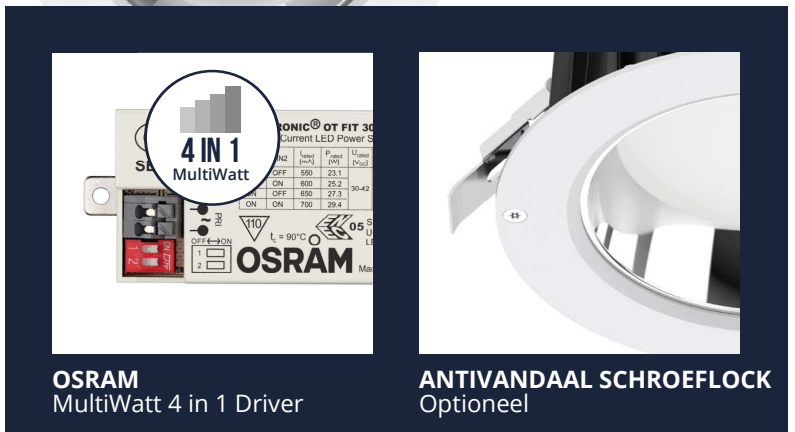

TOEPASSINGEN

- ✓ Luifels en doorgangen
- ✓ Badkamers en doucheruimtes
- ✓ Keukens en werkplaatsen
- ✓ Gangen, trappen, ontvangsthallen
- ✓ Algemene verlichting
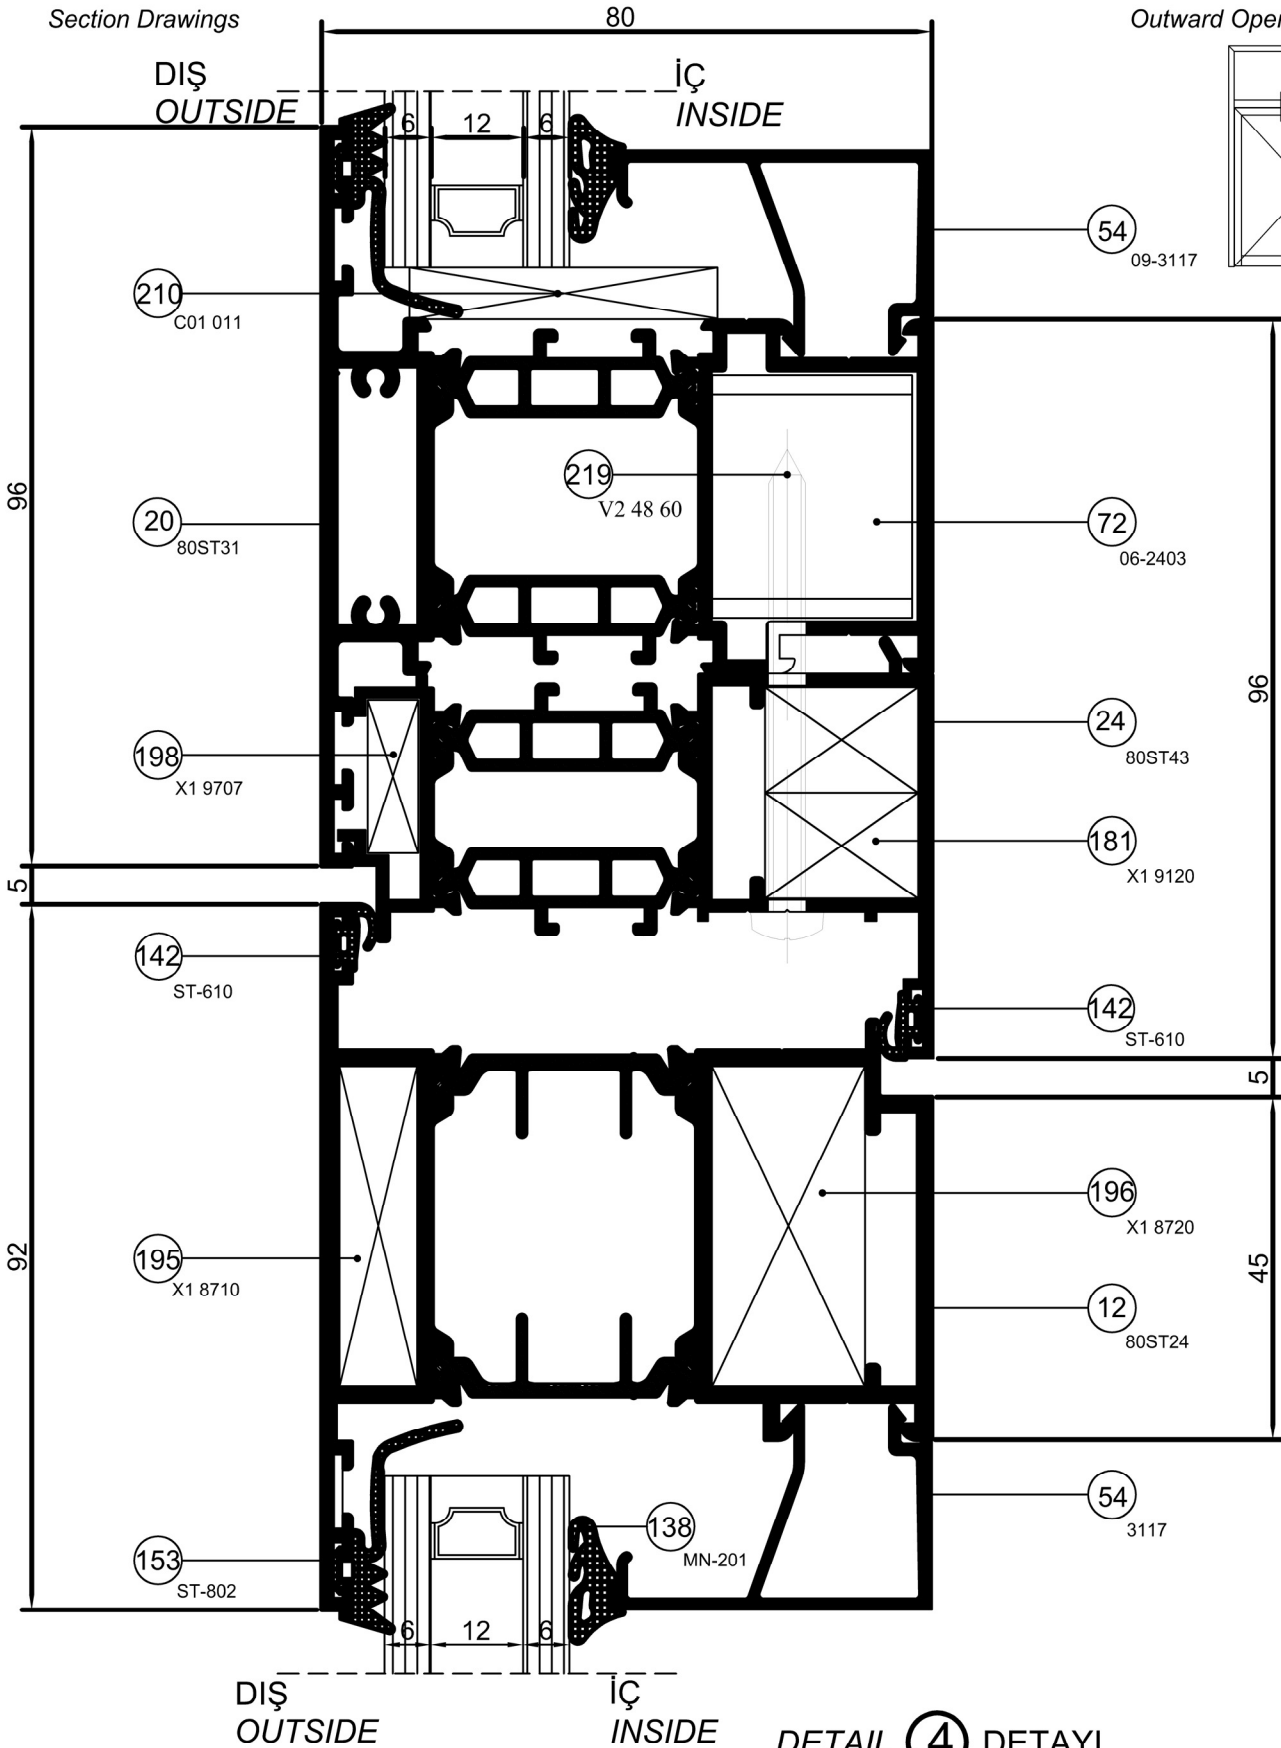

Detay Çizimleri
Section Drawings

Dışa Açılır Kapı
Outward Opening Door

Ölçek / Scale : 1/1

DETAIL ① DETAYI

Detay Çizimleri
Section DrawingsDışa Açılır Kapı
Outward Opening Door

DETAIL (2) DETAYI

Ölçek / Scale : 1/1

Detay Çizimleri
Section Drawings

Dışa Açılır Kapı
Outward Opening Door

DETAIL ③ DETAYI

Ölçek / Scale : 1/1

ST 80

Detay Çizimleri
Section Drawings

Dışa Açılır Kapı
Outward Opening Door

DETAIL ④ DETAYI
Ölçek / Scale : 1/1

ST 80

Detay Çizimleri
Section Drawings

İÇ
INSIDE

DIŞ
OUTSIDE
Dışa Açılır Kapı
Outward Opening Door

DETAIL (5) DETAYI
Ölçek / Scale : 1/1

Detay Çizimleri
Section Drawings

Diş Açılır Kapı
Outward Opening Door

DETAIL ⑥ DETAYI
Ölçek / Scale : 1/1
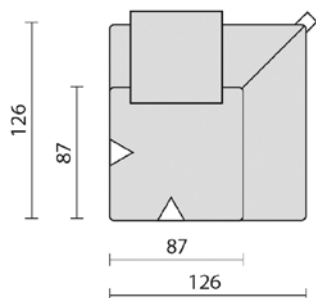

ECKELEMENT L/R

Stoff 940	126 × 126 × 70 cm	1399.-
Anilinleder OASIS	126 × 126 × 70 cm	1999.-

ECKELEMENT GROSS LINKS
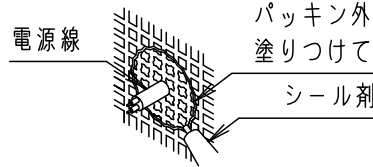

＜適合フード＞
LGK02071

照射範囲
・照射角度は固定ネジをゆるめて変えてください。

・電源ユニット内蔵型・拡散タイプ

⚠ 安全に関するご注意

- ・防雨型器具です。浴室などの湿気の多い場所では使用しないでください。感電、火災の原因となります。
- ・壁面取付専用器具です。図面方向以外には取り付けないでください。落下、感電、火災の原因となります。
- ・取付面よりも大きな壁面に取り付けてください。
- ・調光器と組み合わせて使用しないでください。火災の原因となります。
- ・取付面と取付パッキンのスキマおよびパッキン外周部にシール剤を塗ってください。また、背面より水のかかる場所へ設置しないでください。指定外の取付は絶縁不良による感電の原因となります。パッキン外周部にもシール剤を塗りつけてください。

****

Exercise: Copy exactly, and only, the lines from the first line of the material through the line that contains "- ・防雨型器具です。浴室な", both ends kept; no pictures.

Exercise answer:
TOEPASSINGEN

- ✓ Luifels en doorgangen
- ✓ Badkamers en doucheruimtes
- ✓ Keukens en werkplaatsen
- ✓ Gangen, trappen, ontvangsthallen
- ✓ Algemene verlichting

Detay Çizimleri
Section Drawings

Dışa Açılır Kapı
Outward Opening Door

Ölçek / Scale : 1/1

DETAIL ① DETAYI

Detay Çizimleri
Section DrawingsDışa Açılır Kapı
Outward Opening Door

DETAIL (2) DETAYI

Ölçek / Scale : 1/1

Detay Çizimleri
Section Drawings

Dışa Açılır Kapı
Outward Opening Door

DETAIL ③ DETAYI

Ölçek / Scale : 1/1

ST 80

Detay Çizimleri
Section Drawings

Dışa Açılır Kapı
Outward Opening Door

DETAIL ④ DETAYI
Ölçek / Scale : 1/1

ST 80

Detay Çizimleri
Section Drawings

İÇ
INSIDE

DIŞ
OUTSIDE
Dışa Açılır Kapı
Outward Opening Door

DETAIL (5) DETAYI
Ölçek / Scale : 1/1

Detay Çizimleri
Section Drawings

Diş Açılır Kapı
Outward Opening Door

DETAIL ⑥ DETAYI
Ölçek / Scale : 1/1

ECKELEMENT L/R

Stoff 940	126 × 126 × 70 cm	1399.-
Anilinleder OASIS	126 × 126 × 70 cm	1999.-

ECKELEMENT GROSS LINKS

＜適合フード＞
LGK02071

照射範囲
・照射角度は固定ネジをゆるめて変えてください。

・電源ユニット内蔵型・拡散タイプ

⚠ 安全に関するご注意

- ・防雨型器具です。浴室などの湿気の多い場所では使用しないでください。感電、火災の原因となります。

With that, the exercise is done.